Di tante cose insieme, il lavoro di un sindacalista è molto vario e bisogna avere tante competenze riunite. Molto diverso dallo stereotipo che spesso lo accompagna. Da un lato bisogna occuparsi della difesa individuale e collettiva delle lavoratrici e dei lavoratori, ma anche della sorveglianza del mercato del lavoro, della gestione delle convenzioni collettive, della previdenza professionale, delle campagne tematiche per far avanzare i diritti sociali e politici…le cose da fare non mancano davvero! La cultura delle relazioni industriali è molto diversa da quella esistente in Italia e anche i rapporti tra sindacati e associazioni padronali son diversi, impostati essenzialmente attorno al partenariato sociale. Si cerca spesso il consenso e meno lo scontro, anche se quando ci vuole una piccola scossa per far avanzare le cose i sindacati svizzeri fanno la loro parte.
Viviamo un’epoca molto incerta, quali sfide considera come prioritarie?

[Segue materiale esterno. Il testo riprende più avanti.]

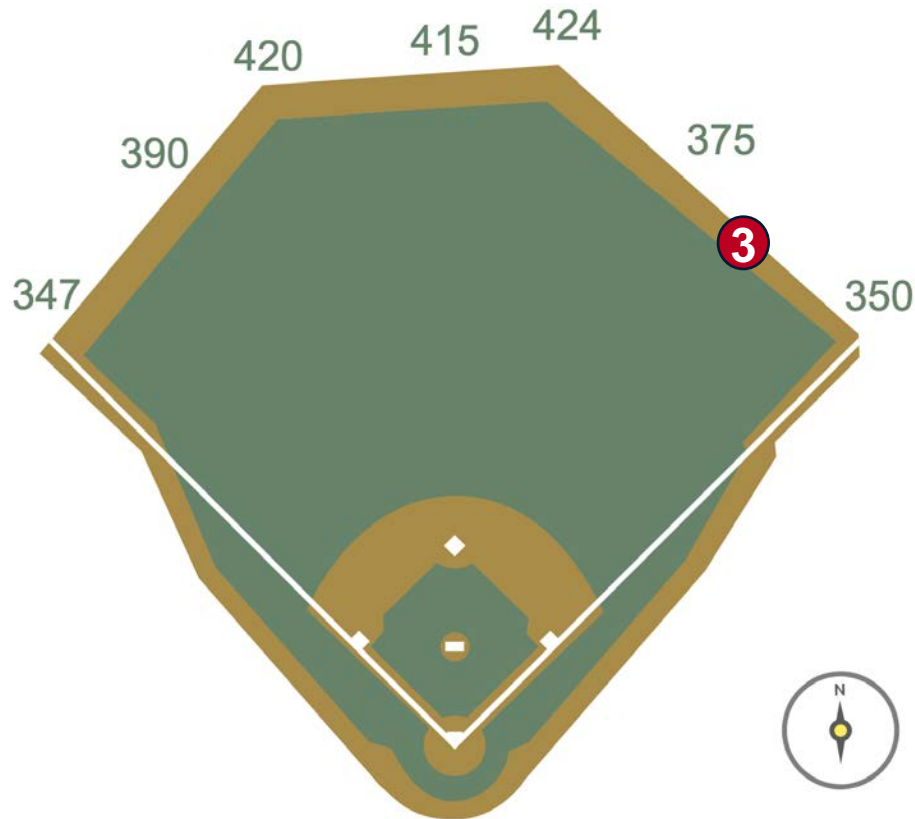

Coors Field Ground Rules

RULE #3: Fair ball going through or lodging in scoreboard in right field, either on bounce or in flight: **Two Bases**
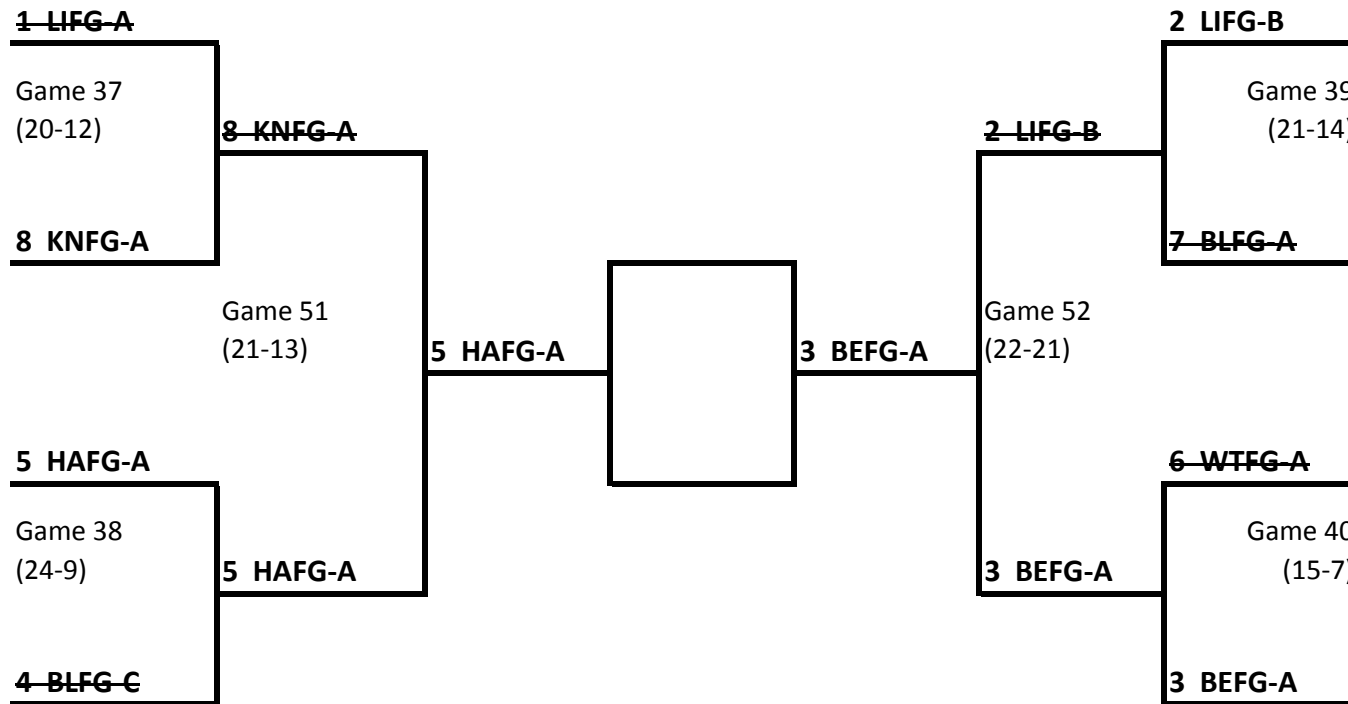

Freshman Girls

Game #	Day	Date	Time	Location	Home Team	Away Team	Level
37	Wednesday	2/24	6	Liberty	LIFG-A	KNFG-A	FG
38	Monday	2/22	6	Blairstown	BLFG-C	HAFG-A	FG
39	Wednesday	2/24	7	Liberty	LIFG-B	BLFG-A	FG
40	Wednesday	2/24	6	Belvidere	BEFG-A	WTFG-A	FG
51	Thursday	3/4	7	Harmony	HAFG-A	KNFG-A	FG
52	Tuesday	3/9	7	Liberty	LIFG-B	BEFG-A	FG
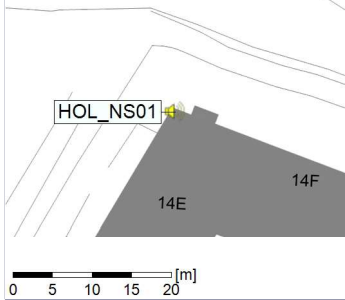

Remarks

...

Noise Time Related Diagram

16/02/2022
17/02/2022

○ ○ ○ ○ HOL_NS01

Project: Kronos Sydhavnen
Construction: Havneholmen
Location: N-V

Plan View

Remarks
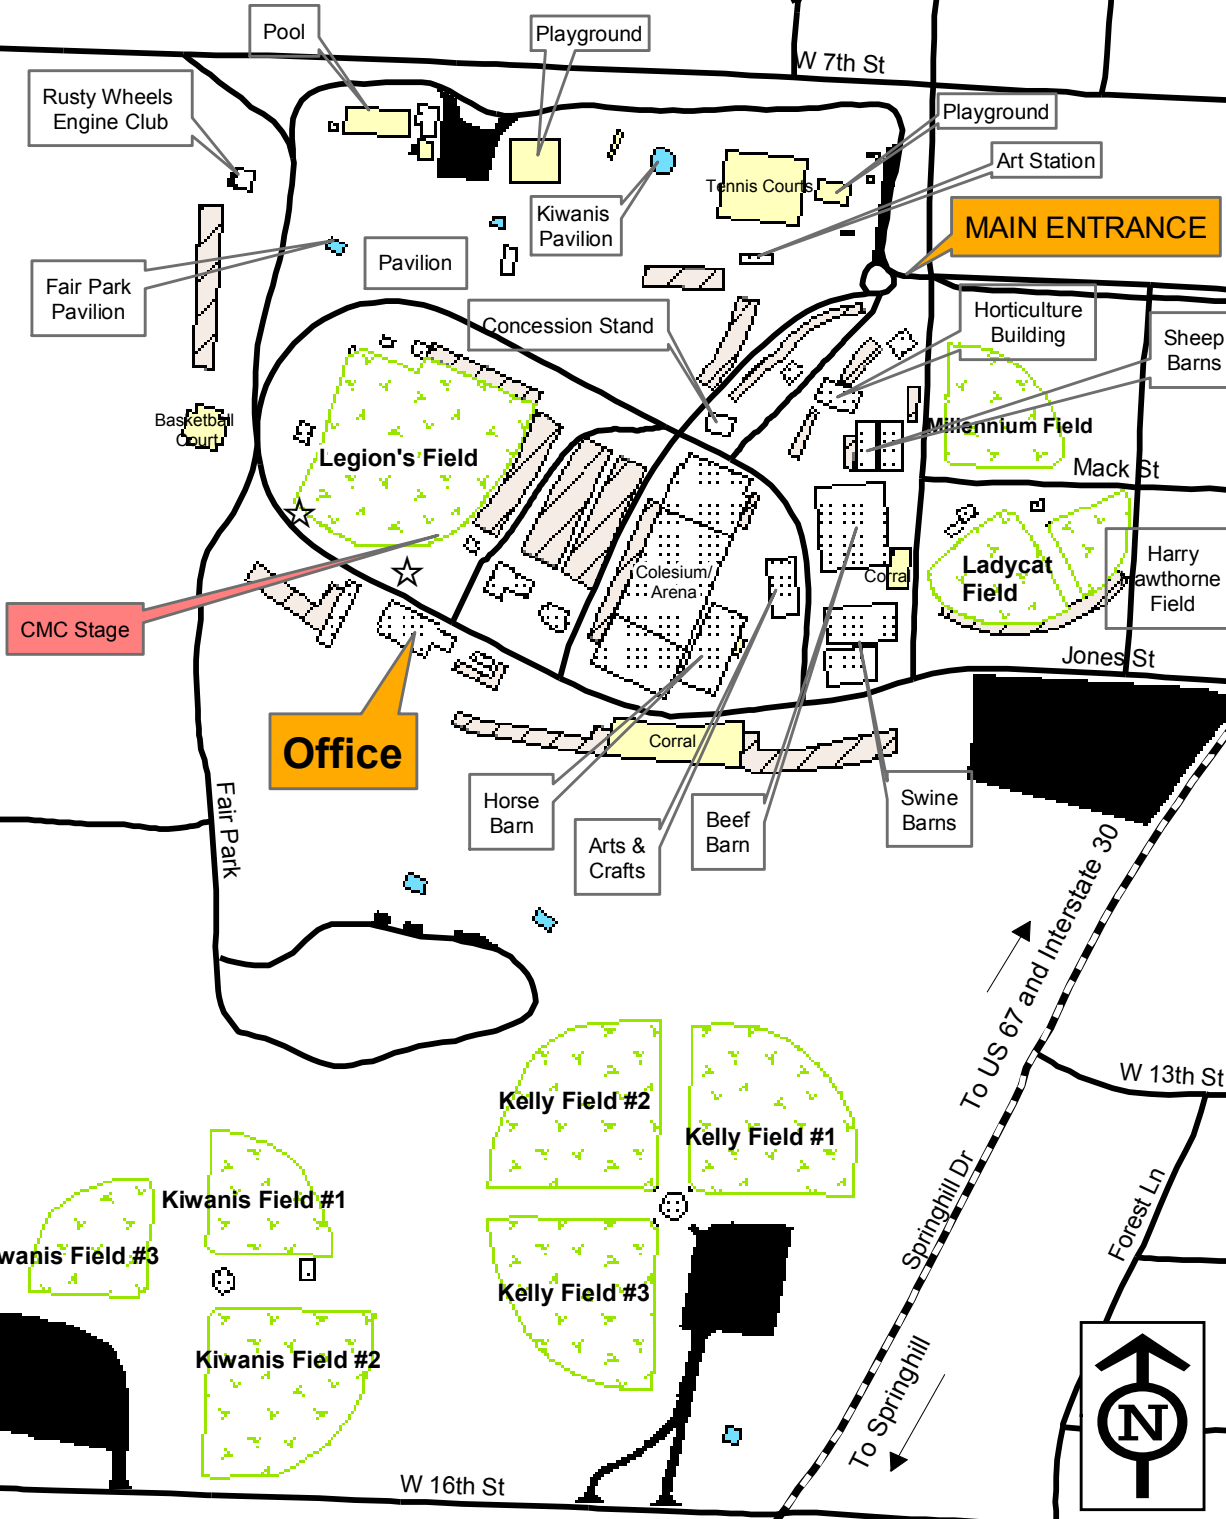

CITY OF HOPE'S FAIR PARK FACILITIES

Legend

- ☆ RV Dump
- RV Parking
- Ball Field
- Building
- Other Recreation
- Parking
- Pavilion

Created by: Darrell Allen, GIS Coordinator Printed on: August 6, 2009

DISCLAIMER: All graphics, text, and data presented here are for reference only. The City of Hope does not warrant, guarantee, or make any representations regarding the use, or the results of the use, of the information in terms of correctness, accuracy, reliability, completeness, usefulness, timeliness or otherwise. The entire risk as to the results and performance of any information obtained from The City of Hope is entirely assumed by the recipient.
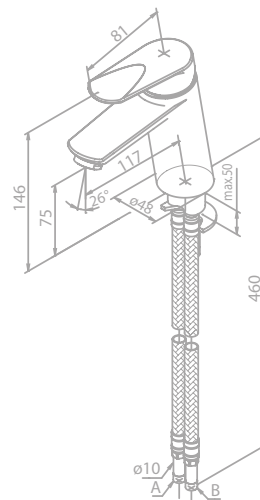

Basin mixer

Article no.: 60847.10

Finish: Chrome

Standard features:

Ceramic cartridge
6 l/min aerator
Pop up waste with click-function
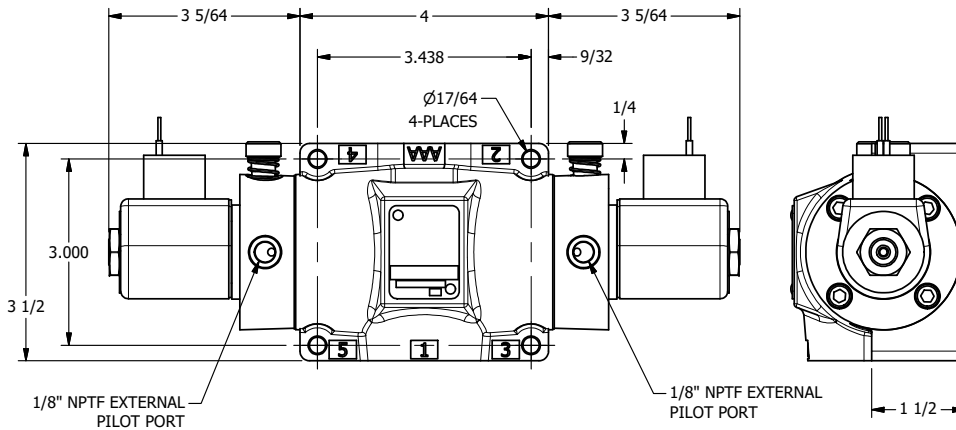

4

3

2

1

AAA
PRODUCTS
INTERNATIONAL

AAA PRODUCTS INTERNATIONAL
7114 Harry Hines Blvd
Dallas, TX 75235

TITLE: 1/2" SUBPLATE, DBL SOL, 3 POS,
SPR CTR, SOL SHFT, CLSD CTR SPL,
CLASSIC SOL, LCKNG OVRD, EXT PILOT

DRAWING NO.:
DIM_SY4PDOZ

THE INFORMATION CONTAINED WITHIN THIS DOCUMENT IS PROPRIETARY TO AAA PRODUCTS AND MAY NOT BE DISCLOSED WITHOUT PRIOR WRITTEN CONSENT

4

3

2

1

B

B
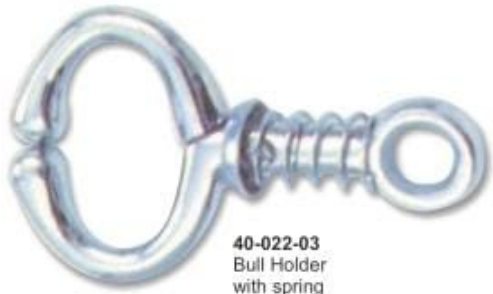

RING PLAYER & BULL RINGS

40-036-04
Bull Nose Ring
Applicator With
Vertical Opening Delivered
With A Break-off Screw

40-050-06
Hoof Puncher

40-037-04
Bull Nose Ring
Applicator For Bull Rings

40-051-06
Hoof Forceps

40-038-04
With Pig Staples
Applicator Made of Aluminium
With Adjustment Screw

40-053-06
Hoof Tester

40-039-04
Milk Sucking Preventor Plier
Available In Red Colour Also

40-054-06
Round Hoof Tester

40-041-04
Bull Ring Halter

40-055-06
Flat Hoof Tester

BULL LEADS HOLDER

40-022-03
Bull Holder
with spring

40-023-03
Bull Holder
with spring

40-028-03
Bull Holder

40-024-03
Automatic Lock Easily
Released Bull Lead, Aluminum

40-029-03
Bull Holder with chain
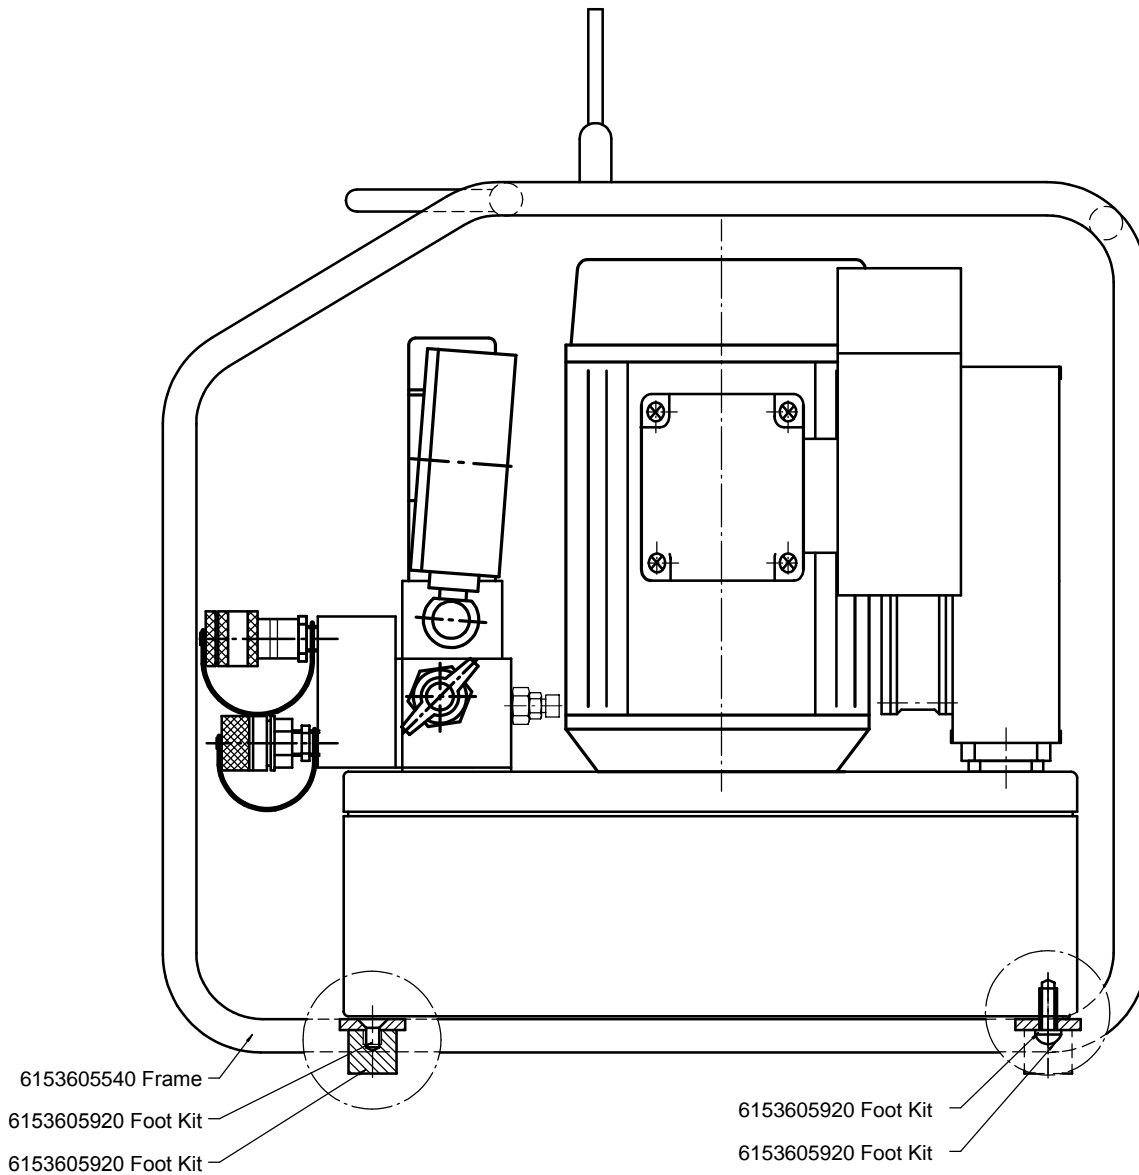

EXE-MAX-230-FFH1
EXE-MAX-230-FFH4
EXE-MAX-100-FFH1
EXE-MAX-100-FFH4
EXE-MAX-115-FFH1
EXE-MAX-115-FFH4
EXE-MAX-110-FFH1
EXE-MAX-110-FFH4

1 Oil in the assembly

Dir ctrl valve

contains:

Capacitor Cover

EXE-MAX-100-...: 6153608350(2x)
 EXE-MAX-110-...: 6153608350
 EXE-MAX-115-...: 6153608350
 EXE-MAX-230-...: 6153605420

6153605830
 Fan Cover

6153605820
 Fan

Small Electric Box

EXE-MAX-100-...: 6153605480
 EXE-MAX-110-...: 6153605840
 EXE-MAX-115-...: 6153605840
 EXE-MAX-230-...: 6153605840

6153605370
 Cable Screw

Key
 6153605740

Le crisi si sommano l’una con le altre, creando una situazione di grande incertezza. Spesso la paura rischia di prevalere in questi periodi, lo abbiamo già visto nella nostra storia recente. La crisi sanitaria legata alla pandemia non è ancora totalmente scomparsa. Nel frattempo la crisi energetica legata al conflitto in Ucraina accentua le criticità del vivere quotidiano: l’inflazione non è mai stata così alta da decenni e il potere di acquisto dei lavoratori, dei pensionati, degli studenti si è notevolmente ridotto. Le imprese stesse, grandi o piccole che siano, hanno seri problemi. Ci vuole sicuramente un forte cambiamento in seno alle istituzioni che ci rappresentano. Si parla oggi di “Green New Deal”, un nuovo patto sociale intorno alle questioni della sostenibilità delle attività economiche e dell’adattamento al cambiamento climatico. Tutta la società è interessata e bisogna lavorare in questo senso. La giustizia climatica deve essere accompagnata dalla giustizia sociale. Altrimenti avremo una società senza alcuna coesione.
Un messaggio finale per i nostri lettori…
La nostra emigrazione ha conosciuto tante sofferenze nel passato, siate sempre orgogliosi delle nostre radici. Bisogna guardare adesso con fiducia al futuro, lavorando ogni giorno per una transizione verso una società più sostenibile, più solidale, più giusta.